We have had no takers. What the state says is our surveyors are busy surveying other stuff and call us when you’re done building.
There is one other segment that actually gets to self-certify. The logic is if it was applied to us, so you’re built 1449 of these successfully, maybe you can do another one, and so we would attest that we’re ready, and if we are ever found to have attested incorrectly when they ultimately get there, there’d be big penalties, which we would absolutely welcome that.
That’s another alternative that’s being discussed, but they’re not geared up to start coordinating with us during construction or anything. We can give them all the heads-up in the world.

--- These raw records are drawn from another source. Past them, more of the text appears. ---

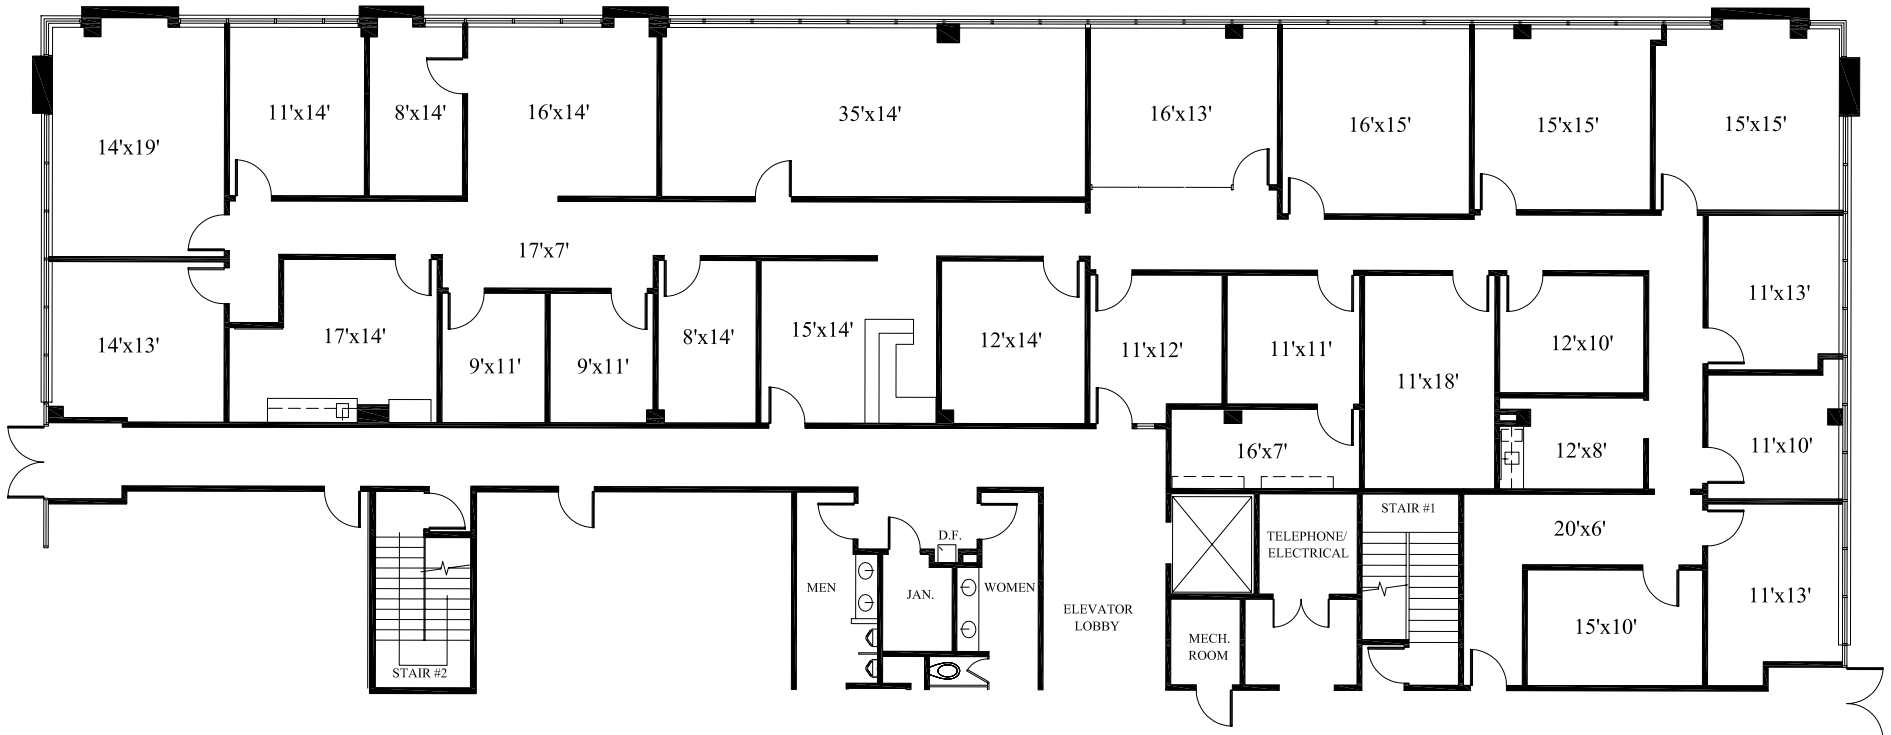

# CROWN PLAZA

11498 Luna Road, Farmers Branch, Texas

SUITE 102

6,431 RSF

1ST FLOOR  
BUILDING "A"

## BRADFORD

Commercial Real Estate Services

*Leasing Contacts:*

Sharon Friedberg 972-776-7150

Melanie Hughes 972-776-7046

9400 N Central Expwy, Suite 500, Dallas, TX 75231  
www.bradford.com

Scale: 1/16"=1'-0"

If they have a backlog, they don’t put you on the list until you’re done, and then you are where you on the list and if they continually put stuff that they think is higher priority above you, you sit and sit and sit. That’s how it works or doesn’t work as the case may be, and that’s why we have go in now and propose some structural solutions.
The good news is in 87 cases it worked, and then unlike history, in 54 cases it hasn’t worked well enough, although some of those opened quite recently, so they’re not really late, but again if you’d give us a call, we’d be happy to take all the advice possible on this, but in many we work very well with the local governments and in some cases not so well, and we need to get better a that.
Unidentified Analyst
What kind of growth rate are you looking for? You said about 70 to 80 de novos a year is what you’re looking for.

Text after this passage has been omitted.